An illumination level control device (10) is disclosed which sequentially reduces the illumination level of a multi-bulb lamp (12). The illumination level control device (10) incorporates two D flip-flops (38,40) configured in a master-slave relationship wherein the two D flip-flops (38,40) change their respective states when the clock (60) sends a positive-edge of the clock signal thereto. A portion (58) of the device (10) sets the two D flip-flops (38,40) when the wall switch (22) is off for more than a predetermined time. In the case of a three bulb (14,16,18) lamp (12), a zero state preventor (56) prevents all of the bulbs (14,16,18) from being turned off when the wall switch (22) is in the ON position. The zero state preventor (56) effectively eliminates the state wherein the outputs of both of the two D flip-flops (38,40) are low.

Description

BACKGROUND OF THE INVENTION

1. Technical Field

The subject invention relates to switches for lighting systems having a plurality of bulbs. More particularly, the subject invention relates to an electronic switch located in the power supply circuit of a lamp for reducing the level of illumination of a fluorescent lamp.

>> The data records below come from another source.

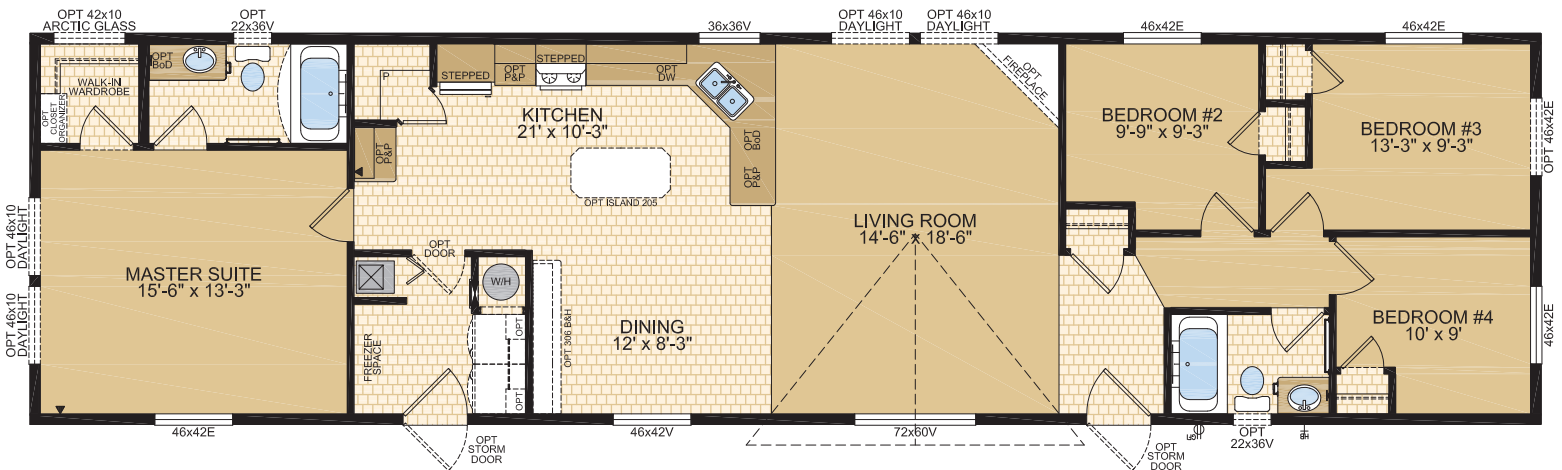

20' WIDE HOMES

Moduline Homes

CANADIAN BUILT SINCE 1970

Exterior shown is an artistic rendering only.

# WHITE ROCK Model 20325

4 Beds | 2 Baths  
20' x 76' ~ 1,520 sq. ft.

1421 Brier Park Crescent, Medicine Hat, Alberta T1C 1T8 Phone: (403) 527-1555 Fax: (403) 528-4486 [modulinemedicinehat.com](http://modulinemedicinehat.com)  
In a continued effort to meet the challenges of product improvement, we reserve the right to modify plans, specifications and features without prior notice.  
Some homes may show optional items which are not standard. Please consult your dealer representative for details. Square footage and room sizes are approximate.

2. Description of Related Art

As the cost of energy continues to climb alongside increased awareness of the need for energy conservation, more and more areas of energy consumption are being viewed with an eye toward energy consumption. Fluorescent illumination has been targeted as an area to reduce energy consumption by reducing the amount of illumination emanating from a fluorescent lamp. However, such systems are costly, especially when retro-fitting, and provide minimal energy savings.

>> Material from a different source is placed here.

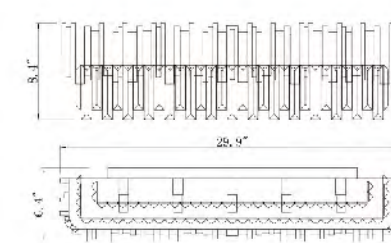

MU11B-30 G
MU11B-30 CH
G9×5 Max5W(LED)

The most recent attempt at a circuit which could regulate the illumination level of a fluorescent lamp is U.S. Pat. No. 4,896,079 to Tabor, issued on Jan. 23, 1990. This patent discloses a switch, connected between a toggle power switch and the fluorescent lamp, that switches one set of fluorescent bulbs, either one bulb or two, on and off with each successive toggle of their toggle power switch. Also included in the design is a reset feature which will reset the number of bulbs turned on if the toggle power switch is in the off position for a time greater than a predetermined time. This device falls short of what is needed in the marketplace because it only offers two different levels of illumination. In addition, the device does not have the capability of combining different combinations of bulbs to provide a plurality of illumination levels greater than two.

SUMMARY OF THE INVENTION AND ADVANTAGES

An illumination level control device controls the level of illumination in a lamp having at least three bulbs. The lamp is connected to an electrical power line which is controlled by a power toggle switch. The illumination level control device comprises switching means for switching at least two bulbs off and on. Connecting means connects the switching means to at least two of the bulbs and to the electrical power line supplying electrical power to the lamp. The illumination level control device is characterized by controlling means responsive to successive toggling of the power toggle switch across the electrical power line for controlling the switching means such that the controlling means operates the switching means to sequentially change the number of bulbs being illuminated at any one time through at least three different levels of illumination.

The subject invention provides the advantage of switching combinations of bulbs off and on to produce a plurality of illumination levels greater than two without adding considerable cost or energy consumption. Additionally, noise or hum, which is a byproduct of most dimmer switches, is not present.

FIGURES IN THE DRAWINGS

Other advantages of the present invention will be readily appreciated as the same becomes better understood by reference to the following detailed description when considered in connection with the accompanying drawings wherein:

FIG. 1 is a bottom view of a fluorescent lamp with three fluorescent bulbs connected electrically to the subject invention which is connected to a power toggle switch, shown in perspective;

FIG. 2A is the first half of a schematic drawing of the embodiment of the subject invention used in conjunction with a three bulb fluorescent lamp;

FIG. 2B is the second half of a schematic drawing of the embodiment of the subject invention used in conjunction with the three bulb fluorescent lamp;

FIG. 3 is the bottom view of a fluorescent lamp with four fluorescent bulbs electrically connected to the preferred embodiment of the subject invention, which is electrically connected to a power toggle switch, shown in perspective;

FIG. 4A is the first half of a schematic drawing of the embodiment of the subject invention used in conjunction with the four bulb fluorescent lamp; and

FIG. 4B is the second half of the schematic drawing of the embodiment of the subject invention used in conjunction with the four bulb fluorescent lamp.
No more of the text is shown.